Limitations & Future Work¶
- Inference Speed: Autoregressive generation of actions is slow, with a median generation time per cycle of 6.1 seconds and high variance, precluding real-time control.
- Translation Only: The model currently only controls end-effector translation. Motion planning is coarse and lacks the precision for dexterous manipulation involving rotation.
- Single Morphology: Training was limited to a specific robot. Mapping other low-level controls like joint angles to spatial affordance remains unproven, though "language as a universal medium" may support cross-morphology in the future.
- Dependency on External Validator: The closed loop relies on Gemini 2.5 Pro, further slowing inference. Training the base VLM itself as a validator is a future goal.
- Personal Observation: VQA retention is measured relative to the base model; however, the base (Gemma-3-12B) is not the state-of-the-art in VQA (e.g., Molmo scores higher). "Preserving base capability" is distinct from "maximizing performance ceiling."
Related Work & Insights¶
- vs OpenVLA / RT-2 (Tokenization): These map continuous actions to unlikely tokens, creating a distribution shift that necessitates full-parameter fine-tuning. This work uses natural language, enabling LoRA and preventing forgetting.

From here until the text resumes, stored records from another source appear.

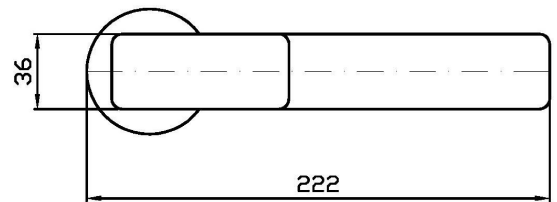

JINGLE

ZIN695

Disegno Complessivo / Overall Drawing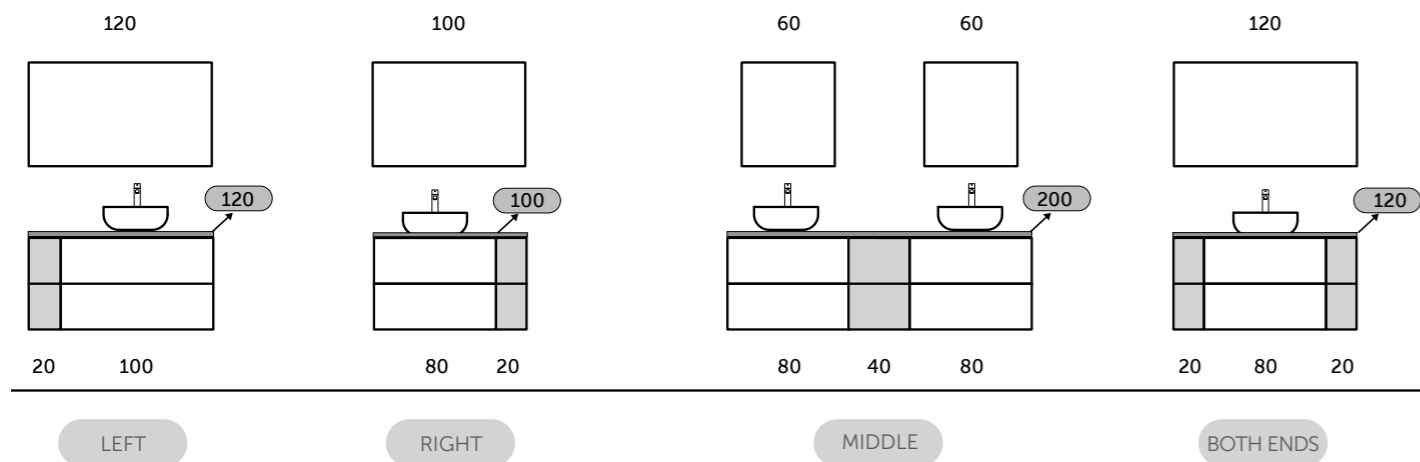

WITH RAK-PLANO SURFACE AND COUNTERTOP WASHBASINS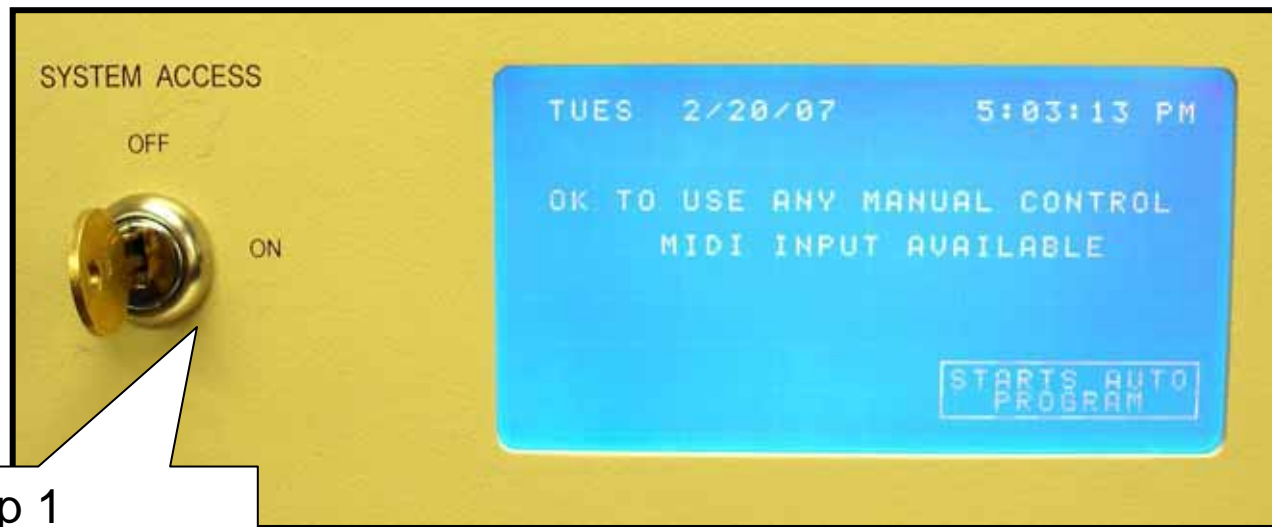

vanBergen **RENAISSANCE Small Screen Controller** - Daylight Savings Time Change Instructions -

Please ensure your unit is the Renaissance without a “Change Ring” button

vanBergen **RENAISSANCE** Small Screen Controller

- Daylight Savings Time Change Instructions -

Step 1

If the screen has a 'Stops Auto Program' prompt, press before turning the SYSTEM ACCESS KEY to the "ON" position

vanBergen **RENAISSANCE** Small Screen Controller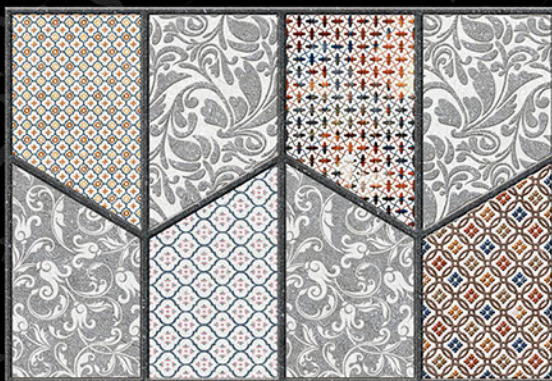

MOZARO
TILES

Bringing Luxury into Your Home

Digital
Wall Tiles

durst Printing

mozarotiles@gmail.com

GLOSSY SERIES

300x450 mm

1019 - L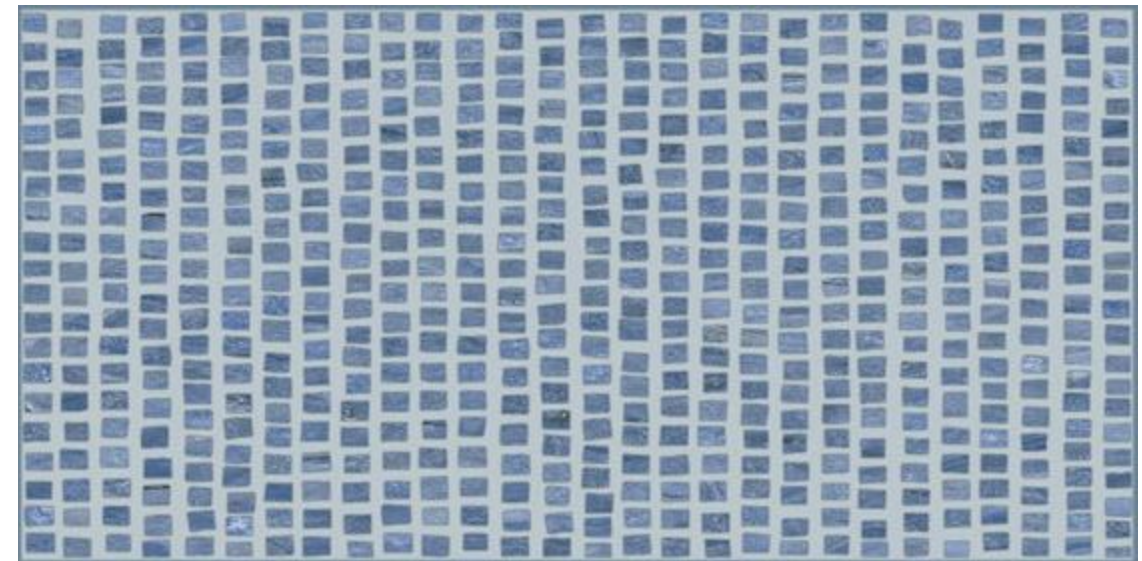

74x148 - 29"x58" +

VETRO ROSSO

VETRO AZUL

EMERALD

MARMOREA INTENSA

gres porcellanato +

MOSAICO 5x5 - 2"x2" ■+

in fogli 30x30 da 36 pezzi - in 30x30 - 12"x12" sheet made up of 36 pieces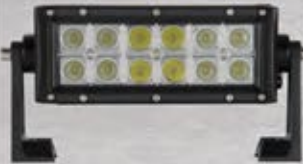

### **PL-9707**

LED LIGHT BAR 41.5 INCH; 240W; 17600LM

- PRODUCT FEATURES:**
- CREE SUPER BRIGHT LEDS
  - COMBO BEAM PATTERNS. FLOOD (90 DEGREE), SPOT (8 DEGREE)
  - SHOCKPROOF
  - WATER RESISTANT
  - ALL METAL CONSTRUCTION
  - OPERATING VOLTAGE: 10-30 DC
  - 80 PCS 3W CREE LEDS

### **PL-9705**

LED LIGHT BAR 21.5 INCH; 120W; 8800LM

- PRODUCT FEATURES:**
- CREE SUPER BRIGHT LEDS
  - COMBO BEAM PATTERNS. FLOOD (90 DEGREE), SPOT (8 DEGREE)
  - SHOCKPROOF
  - WATER RESISTANT
  - ALL METAL CONSTRUCTION
  - OPERATING VOLTAGE: 10-30 DC
  - 40 PCS 3W CREE LEDS

### **PL-9703**

LED LIGHT BAR 7.5 INCH; 36W 2640LM

- PRODUCT FEATURES:**
- CREE SUPER BRIGHT LEDS
  - COMBO BEAM PATTERNS. FLOOD (90 DEGREE), SPOT (8 DEGREE)
  - WATER RESISTANT, SHOCKPROOF
  - ALL METAL CONSTRUCTION
  - OPERATING VOLTAGE: 10-30V DC
  - 12 PCS 3W HIGH INTENSITY CREE LEDS
  - LENS MATERIAL SHATTERPROOF GLASS

### **PL-9701**

LED WORK LIGHT 7 INCH ROUND; 18W; 1620 LM

- PRODUCT FEATURES:**
- CREE SUPER BRIGHT LEDS
  - FLOOD BEAM PATTERN (90 DEGREE)
  - SHOCKPROOF
  - WATER RESISTANT
  - ALL METAL CONSTRUCTION
  - OPERATING VOLTAGE: 10-30V DC
  - 6 PCS 3W HIGH INTENSITY CREE LEDS
  - DIECAST ALUMINUM HOUSING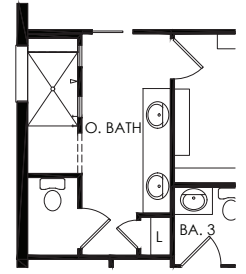

STELLAR GRANDE

4 BEDROOMS, 4-5 BATHS, LOFT, FLEX ROOM, 2 CAR GARAGE, GOLF CART GARAGE

Living Area	3,452 Sq.Ft.
Patio	250 Sq.Ft.
Covered Porch	43 Sq.Ft.
Garage	538 Sq.Ft.
Total	4,283 Sq.Ft.

STRUCTURAL OPTIONS

STELLAR GRANDE

Pocket SGD
at Gathering Room

Owner's Bath Layout 3

Owner's Bath Layout 6

Pool Bath
Adds 64 SF

Sunroom
Adds 140 SF

Kitchen Layout 4 and 5

Laundry Upgrade

Shower @ Bath 2

Shower @ Bath 3

4' Garage Extension

- vs π0 / MolmoAct (Action Heads + Co-training): These use external heads and large co-training datasets to combat forgetting, which is expensive. This work uses no decoders and no co-training.
- vs ECoT (Embodied Chain-of-Thought): While ECoT also uses reasoning trajectories, it remains prone to catastrophic forgetting and may rely on heuristics (picking the most prominent object) for OOD tasks. VLM2VLA demonstrates true OOD understanding.
- vs Driess et al. / Zhou et al. (MoE / Freezing): These use complex training mechanisms to shield weights from destructive gradients. This work suggests those mechanisms are unnecessary if actions are verbalized.
Rating¶
- Novelty: ⭐⭐⭐⭐⭐ "Actions as Language" is a persuasive third path alongside discretization and external heads.
- Experimental Thoroughness: ⭐⭐⭐⭐ 800+ real trials and VQA benchmarks, though limited to single morphology/translation.
- Writing Quality: ⭐⭐⭐⭐⭐ Strong logical loop from motivation to observation to method.
- Value: ⭐⭐⭐⭐⭐ Provides a simple, low-cost, and reproducible path for forgetting-free VLA development.